Recorded data
■ ■ ■

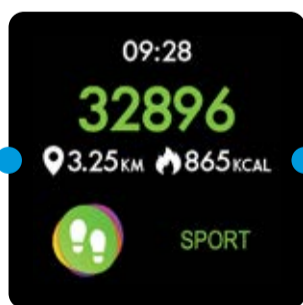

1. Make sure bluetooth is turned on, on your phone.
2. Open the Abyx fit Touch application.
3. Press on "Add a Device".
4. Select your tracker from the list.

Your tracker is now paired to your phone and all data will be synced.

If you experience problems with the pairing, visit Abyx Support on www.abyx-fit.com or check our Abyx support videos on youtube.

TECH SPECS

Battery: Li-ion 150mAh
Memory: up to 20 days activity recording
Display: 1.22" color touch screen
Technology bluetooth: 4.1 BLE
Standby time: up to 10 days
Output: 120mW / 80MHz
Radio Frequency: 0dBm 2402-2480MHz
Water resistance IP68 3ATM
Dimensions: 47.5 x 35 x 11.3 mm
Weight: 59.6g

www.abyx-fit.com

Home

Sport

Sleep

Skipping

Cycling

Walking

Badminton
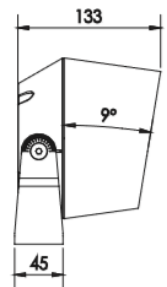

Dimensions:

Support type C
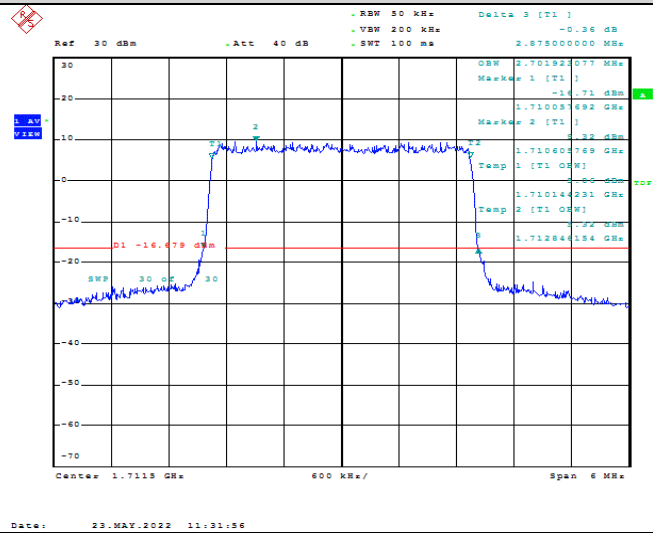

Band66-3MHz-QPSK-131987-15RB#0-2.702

■ ■ ■

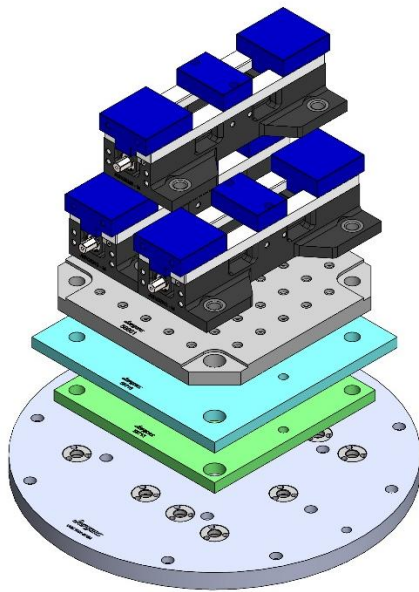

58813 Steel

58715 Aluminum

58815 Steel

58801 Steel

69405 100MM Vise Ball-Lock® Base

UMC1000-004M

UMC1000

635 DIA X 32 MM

■ ■ ■

- [Task item]: Beginning at the line with "58801 Steel" and stopping after the line with "635 DIA X 32 MM", please write out every line of the data above exactly and nothing else.

- [Result of the exercise]:
58801 Steel

69405 100MM Vise Ball-Lock® Base

UMC1000-004M

UMC1000

635 DIA X 32 MM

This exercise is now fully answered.